FOTOS: LUIS MONTEMAYOR
Como saben mis colegas, una buena novela debe ser como una ecuación que plantea varias incógnitas y despeja todos los misterios de un modo asombroso, hasta quedarse con un resultado implacable. Si el cuento es un jardín donde ocurre algo extraño, la novela es una mansión que guarda un secreto en cada recámara. No nos ofrece una sola emoción, sino muchas; no da respuestas sino preguntas y antes que sacar conclusiones prefiere contar historias e inventar personajes. En cuanto uno lee las primeras frases descubre que ha sido atrapado por algo similar a una corriente discreta al principio, irresistible después, que nos atrae cada vez con más fuerza hacia la frase final. No debe haber línea sin un dato, y no puede haber párrafos que no contribuyan a crear una imagen. El tiempo y las leyes de la física e incluso las nociones más elementales del sentido común funcionan allí de otra manera: uno puede resumir veinte años en una frase, saltar todos los momentos aburridos con un parpadeo o bien, hacer que un instante dure tanto como dure el relato; lejos de volverse sencilla y predecible, la ruta principal tiende a ramificarse, a volver sobre sí misma sin previo aviso, y con ello adquiere su propio equilibrio y geometría; en lugar de detenerse ante el peligro o los prejuicios morales, los personajes siguen avanzando hasta que viven una aventura a riesgo de sus vidas. Si uno escribe novelas pensando en que serían una buena película no está pensando como un novelista, y si un director pretende reproducir una novela tal cual, tampoco sabe mucho de cine. Una buena novela no sólo cuenta la transformación del protagonista, sino que de algún modo araña y transforma para siempre a quienes la han leído, empezando por el autor. Y ocurre un efecto impredecible, aún para los escritores: cada vez que uno termina una novela, ocurren cosas inesperadas.

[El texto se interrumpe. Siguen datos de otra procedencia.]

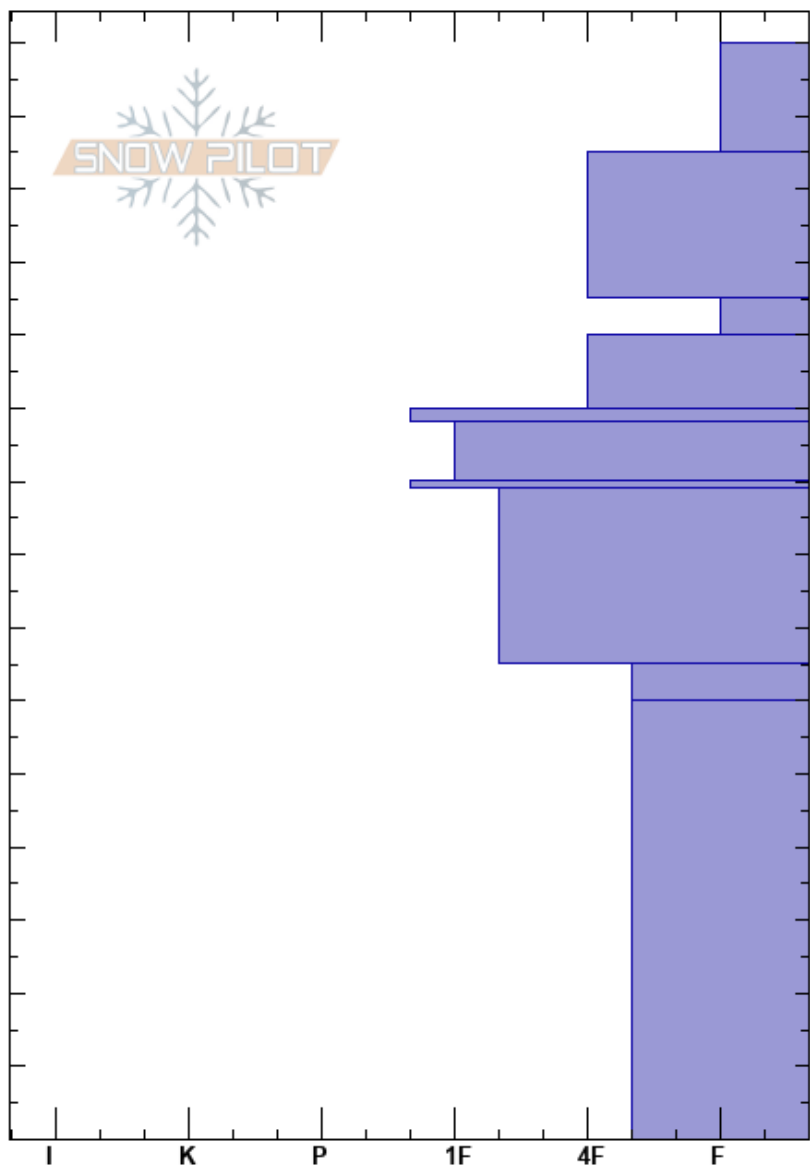

Girlfriend hill
 Chilkat Pass
 BC
 Elevation: 2360 ft
 Aspect: 270°
 Specifics:

Brittany Dunbar
 21/02/2025 - 12:40
 Co-ord: 59.58213N, -136.61911W
 Slope Angle: 15°
 Wind Loading:

Stability:
 Air Temperature: 1.6°C
 Sky Cover: X
 Precipitation: RV
 Wind: Calm

HS:150
 PF:40
 PS:20
 Layer Notes:

Height (cm)	Crystal		Moisture	ρ kg/m ³	Stability tests & Layer comments
	Form	Size			
150					
145					
142					
140					
135					
130					
120					
115					
112	⊖	2-6			← ECTN18 @115cm ← PST35/100 (SF) @115cm
110					
105					
100	⊙⊙				
95					
90	⊙⊙				
85					
80					
75					
70					
65					← PST50/150 (End) @65cm
60					
55					
50					
45					
40					
35					
30	⊖				
25					
20					
15					
10					
5					
0

Poco después de que se publicó Los minutos negros el director Mario Muñoz , que sin duda fue uno de los primeros en leerla tan pronto llegó a las librerías, me contactó para decirme que le había gustado y quería adaptarla al cine. Me invitó a ver su opera prima, Bajo la sal, aún en postproducción, y aunque la copia no tenía los efectos especiales ni el sonido definitivos, me fascinó por las mismas razones que han hecho de esa película un objeto de culto para amantes del género: partiendo de una historia singular, Mario Muñoz convierte el paisaje en un personaje poético y perturbador, por no mencionar que lleva a sus actores a un alto nivel de excelencia, a través de una historia que exhibe un conocimiento profundo de los retos y posibilidades del cine noir. Le dije que mi novela era suya si pensaba hacer lo mismo con ella.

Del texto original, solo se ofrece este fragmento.